Syllabus for Statistics 185
Professor: Mark McClure
Statistics vs data science
Check out Wikipedia's article on Data Science. Quoting from that article, I guess that
- Data science is "The Sexiest Job of the 21st Century" (Wikipedia cites the Harvard Business Review)
- There could be a global shortage of 1.5 million data scientists (Wikipedia cites McKinsey & Company)
Just what is this hot, new field?
- According to the same Wikipedia article, data science is a "concept to unify statistics, data analysis and their related methods" (Wikipedia cites a prominent text).
- According to page 8 of our textbook, "Statistics is the study of how best to collect, analyze, and draw conclusions from data".
- More blunlty, Nate Silver says that data science is "sexed-up term for statistics".
Statistics (or Data Science, if you prefer) is an applied field with a wide range of practial applications that is of growing importance in today's data driven world. In this course, you will:
- Learn the qualitative language of data: What are the basic structures, variables, summaries, and charts that we use to describe and understand data? What data can we find and how do we collect more?
- Learn how to analyze data quantitatively: What specific distribution should we use to model a specific data set? What do quantitative measures associated with a distribution tell us about the data set?
- Learn how to make inferences from the data: What conclusions can we draw from a given data set or collection of observations? And how confident can we be in those conclusions?
- Deal with large, real world data in all it's messiness: This is meant to be a practical class where you can develop some skills that help throughout your college career and beyond. As such, we'll learn how to use the computer to work with actual data.
- The Text: We will use the Open Intro statistics text. This is an open text made freely available through a Creative Commons license.
This class will meet mostly online. As such, a decent computer and reliable internet connection are essential. All required software is either open source, available via a UNCA site license, or will be accessed via the web - including:
- Zoom: For attending class remotely.
- MyOpenMath: We will have regular auto-graded homework using MyOpenMath. You can login there, using the information presented in class.
- Stat Talk: I've set up an online forum called Stat Talk where we can discuss all aspects of statistics. Not only is this a great place ask HW questions but participation is mandatory. You will earn points for certain assigned questions.
- Colab: A Google based tool based on Python for scientific computing and graphics. This is the tool that will allow us to work with large, real world data sets.
This course is listed as a "hybrid" course, giving us a lot of flexibility to set up the course in the best way to deal with Covid. The experience of the last few semesters indicates that the course lends itself to an online experience so it is my intention to run it mostly online. Here are the details of how that should work:
- Every class lecture and problem session will be delivered via Zoom. For at least the first half of the semester, that will be the only way that lecture is delivered.

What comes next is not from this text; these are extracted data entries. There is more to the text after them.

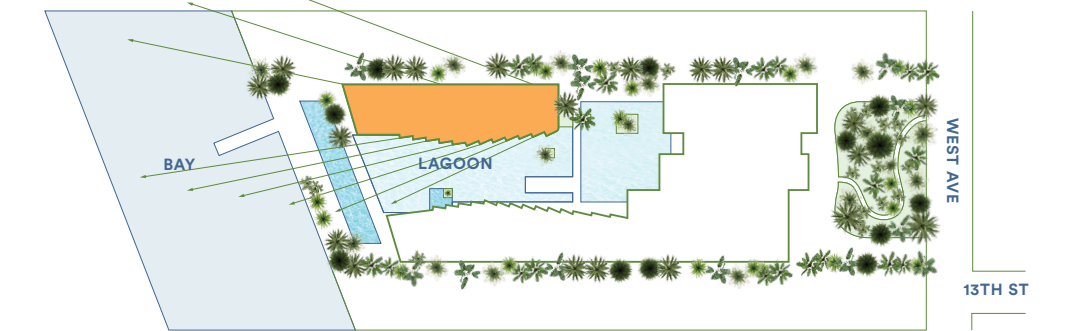

**MONAD
TERRACE**
SOUTH BEACH BAY
BY ATELIER JEAN NOUVEL

4A

TOTAL: 4809 SQ FT / 447 SQ M
INTERIOR: 3249 SQ FT / 302 SQ M
EXTERIOR: 1560 SQ FT / 145 SQ M

4 BEDROOMS
4.5 BATHS

UNIQUE FEATURES

- / Seamless indoor/outdoor experience
- / Unique sawtooth honeycomb façade
- / Framed views to Lagoon and Biscayne Bay
- / Curated climbing garden on North terrace for shade & privacy
- / East, West, North and South exposures
- / Light-filled open floor plan
- / Bay view tub in master and second bath
- / Boutique living experience
- / Wet bar

ARRIVAL & LANDSCAPE

- / Porte-cochère drop-off
- / Lush landscape from arrival to bay designed by Ateliers Jean Nouvel
- / Central lagoon with sun deck, aquatic plants, and infinity edge
- / Concierge; 24-hour lobby attendant
- / Sun deck with 116-foot swimming pool and hot tub overlooking Biscayne Bay
- / Pool service
- / Full service valet parking
- / Café and juice bar
- / Lagoon fitness and wellness center
- / Residents' lounge
- / Bicycle and water sports storage
- / Dock access
- / Monad Terrace bicycles and paddle boards

BISCAYNE BAY

MIAMI BEACH

LAGOON
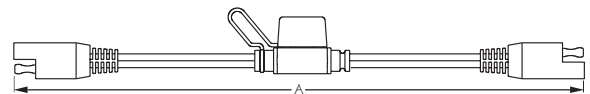

SAE POWER CABLE ATO/ATC INLINE FUSE HOLDER

Injection Molded PVC

Bulk	Display	A (Length)	Volts	Max Amps	Wire Gauge	Wt.(lb.)	Std. Pack
n/a	426925-1	12"	12-24	20A @ 12V	14 AWM	.15	10 ea

SAE type Polarized Electrical Connector is a two-prong plug and socket connector set. Features an ATO/ATC inline fuse holder (fuse not included). 14-gauge duplex wire. Maximum: 20A @ 12VDC.

⚠WARNING: Cancer and Reproductive Harm - www.P65Warnings.ca.gov
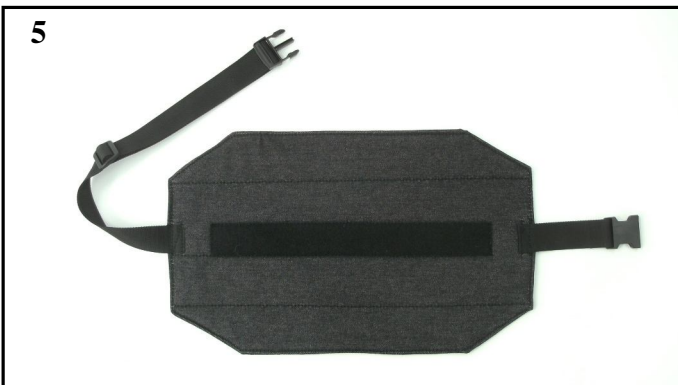

# MUZZLE TRAINING

▼	1	MK100	leather box muzzle size 1 with bite bar	
		MK105	leather box muzzle size 1 without bite bar	
		MK200	leather box muzzle size 2 with bite bar	
		MK205	leather box muzzle size 2 without bite bar	
	2	MK300	leather box muzzle size 3 with bite bar	
		MK305	leather box muzzle size 3 without bite bar	
		MK400	leather box muzzle size 4 with bite bar	
		MK405	leather box muzzle size 4 without bite bar	
		3	MK150	leather box muzzle size 1 with bite bar and quick release
			MK155	leather box muzzle size 1 without bite bar with quick release
MK250	leather box muzzle size 2 with bite bar and quick release			
MK255	leather box muzzle size 2 without bite bar with quick release			
	MK350	leather box muzzle size 3 with bite bar and quick release		
	MK355	leather box muzzle size 3 without bite bar with quick release		
	MK450	leather box muzzle size 4 with bite bar and quick release		
	MK455	leather box muzzle size 4 without bite bar with quick release		
		MK170	leather open muzzle size 1	
		MK270	leather open muzzle size 2	
		MK370	leather open muzzle size 3	
		MK470	leather open muzzle size 4	

▼	1	ST100	muzzle work front protection
	2	ST500	muzzle work protection vest for front and back with education bite roll holders
	3	ST200	muzzle work arm protection
	4	MK050	muzzle bite bar replacement part
	5	ST300	muzzle education bite roll holder with Velcro ( bite roll not included )
	6	ST350	muzzle education soft bite roll white with Velcro 2 handles
		ST355	muzzle education soft bite roll black with Velcro 2 handles

- I am open to the possibility of some in class lectures during the second half of the semester, if COVID counts fall. Such lectures would still be available via Zoom to students who prefer it.
- Attendence (via Zoom) is mandatory. Most class periods will include a problem session in break out rooms which will affect your grade, as detailed below.
- Most assessment will be done via online homework and quizzes, as detailed below. There will be two exams during the term with in class portions - one during the week of March 1-5 and one during the week of April 19-23. The exam will be spread out so that only 1/3 of the class will be in the room during the exam.
- Homework: There will be two types of graded homework:
- MyOpenMath, which is online and automatically graded.
- Forum posts.
- Quizzes: We'll have fairly frequent quizzes, which will essentially be short but timed MyOpenMath sessions.
- Computer Labs: A major part of the class will involving using the computer to work with large data sets. Thus, we'll have several computer labs to help with this.
- Computer Labs: There will be two exams during the term, as described above.
- Participation: You will earn up to 60 points simply for attending regularly (in-person or online), asking questions, and participating in any in class labs or problem sessions.
- Final grades: I will determine final grades using a scale not more stringent than the standard 90-80-70-60 scale. You will be apprised of your standing as the term progresses.
- Late work: In general, I don't accept late work.
- Learning statistics: You don't have to be a mathematical genius to absorbs the fundamentals of statistics and learn how to apply statistics to real world problems. You do need to work fairly hard and consistently, however.
You are not undertaking this challenging task alone.
Here are a few sources of assistance:
- Me: I like to talk to people about math and stat! That's why I chose this profession. You can find me on Zoom most days between 9:30 and 10:30, as well as on our forum.
- Your classmates: Most people learn best by talking things through with others. You will find that you can both learn from and help your fellow classmates. In particular, if your classmate is explaining a fine point to you, then you are helping them!
- Our class forum: A kinda combination of the previous two that never sleeps!
- The Math Lab: The Math Lab has always rocked! It's now available for both in person and online tutoring, as detailed on their webpage.
Your rights and responsibilities
It's worth understanding your rights and responsibilities as a student at UNCA. One of my responsibilities is to make sure you have the information that you need to do that. Since this is common to all classes, I've got that information on this legalese document.